- Your task
Out of the data below, copy every line with the string "samlet".

══════

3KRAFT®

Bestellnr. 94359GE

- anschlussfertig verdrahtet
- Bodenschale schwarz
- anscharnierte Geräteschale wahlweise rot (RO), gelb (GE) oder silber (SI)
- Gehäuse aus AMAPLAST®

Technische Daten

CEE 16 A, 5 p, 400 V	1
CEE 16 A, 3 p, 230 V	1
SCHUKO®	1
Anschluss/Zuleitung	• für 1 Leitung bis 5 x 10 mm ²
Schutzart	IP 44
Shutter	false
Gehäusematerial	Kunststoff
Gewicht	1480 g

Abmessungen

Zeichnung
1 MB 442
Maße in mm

══════

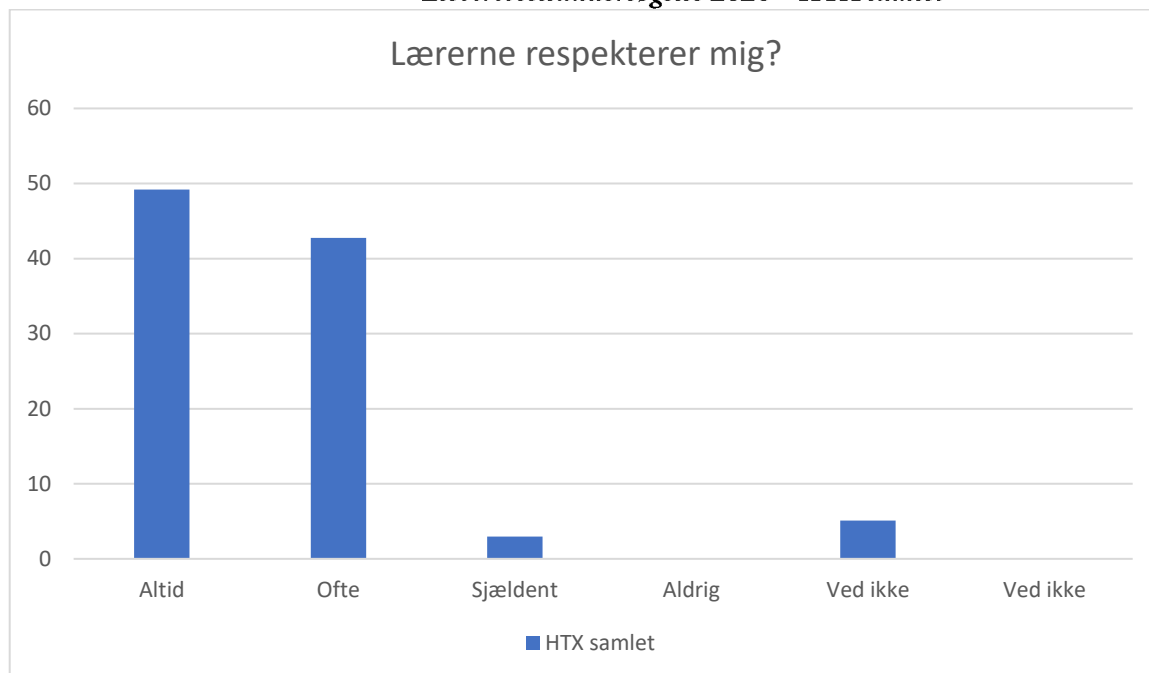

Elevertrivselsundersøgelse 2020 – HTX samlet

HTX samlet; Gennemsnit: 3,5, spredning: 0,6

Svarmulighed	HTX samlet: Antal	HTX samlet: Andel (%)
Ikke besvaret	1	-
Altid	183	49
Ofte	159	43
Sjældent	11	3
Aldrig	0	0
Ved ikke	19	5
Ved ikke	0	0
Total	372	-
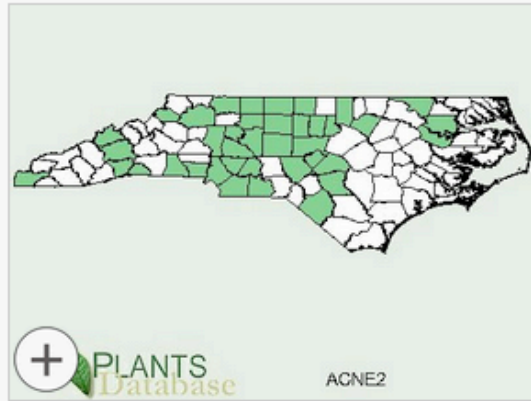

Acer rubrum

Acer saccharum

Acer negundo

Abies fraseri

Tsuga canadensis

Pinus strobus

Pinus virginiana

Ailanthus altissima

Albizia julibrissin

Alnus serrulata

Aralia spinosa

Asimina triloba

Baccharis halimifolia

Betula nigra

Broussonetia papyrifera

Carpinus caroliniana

══════

- Expected output
Elevertrivselsundersøgelse 2020 – HTX samlet
HTX samlet; Gennemsnit: 3,5, spredning: 0,6
Svarmulighed	HTX samlet: Antal	HTX samlet: Andel (%)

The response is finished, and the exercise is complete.